Task brief: Whenever a line of the data below holds the string "Präzise", copy that line.

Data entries
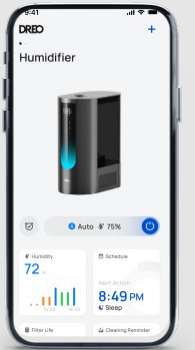

# Luftbefeuchter 813S

Kühl- und Warmnebel. Komfort zu jeder Jahreszeit.

- Warm- und Kaltnebel-Luftbefeuchtung
- Für Räume bis zu **46 m<sup>2</sup>** - flächendeckende Wirkung
- Schnellaufheizung auf Höchsttemperatur in nur 5 Minuten
- Präzise Feuchtigkeitsregulierung mit **Automatikmodus**
- **6-Liter**-Wassertank, bis zu **45** Stunden Laufzeit
- $\pm 5\%$  Präzise Luftfeuchtigkeitssteuerung und Indikatoren
- Flüsterleiser Betrieb mit nur 28 dB

## Packungsinhalt

- 6L Luftbefeuchter x1
- Aroma Pad x2
- Reinigungsbürste x1
- Bedienungsanleitung x1

## Design & Abmessungen

- **Befeuchtungsmethode:** Ultraschall
- **Raumgröße:** 46.4m<sup>2</sup>
- **Laufzeit:** Bis zu 45 Std.
- **Fassungsvermögen:** 6L
- **Nebelart:** Warmer und kühler Nebel
- **Funktionen:** Regelbarer Hydrostat / Timer (Zeitschaltuhr) / Aroma-Diffusor / Variable Geschwindigkeitsstufen / Fernbedienung / Automatische Feuchtigkeitsregulierung
- **Betriebsgeräusch:** 28 dB
- **Stromversorgung:** Netzbetrieb

### • Die ultimative Lösung für optimale Luftfeuchtigkeit:

Der Luftbefeuchter für das Schlafzimmer (Modell HM813S) bietet eine extrem schnelle Befeuchtungsleistung von 500 ml/h mit beschleunigtem Warmnebel (56 °C in nur 5 Minuten) für eine sofortige Linderung bei trockener Luft. Dank der innovativen MistWave-Befeuchtungstechnologie erzeugt dieser Warm- & Kaltnebel-Luftbefeuchter für große Räume eine bis zu 1 Meter (40 Zoll) hohe Nebelsäule. Die feineren Partikel verteilen die Feuchtigkeit absolut gleichmäßig im Raum, während der 6-Liter-Wassertank einen tagelangen Dauerbetrieb garantiert.

Task response:
- Präzise Feuchtigkeitsregulierung mit **Automatikmodus**
- $\pm 5\%$  Präzise Luftfeuchtigkeitssteuerung und Indikatoren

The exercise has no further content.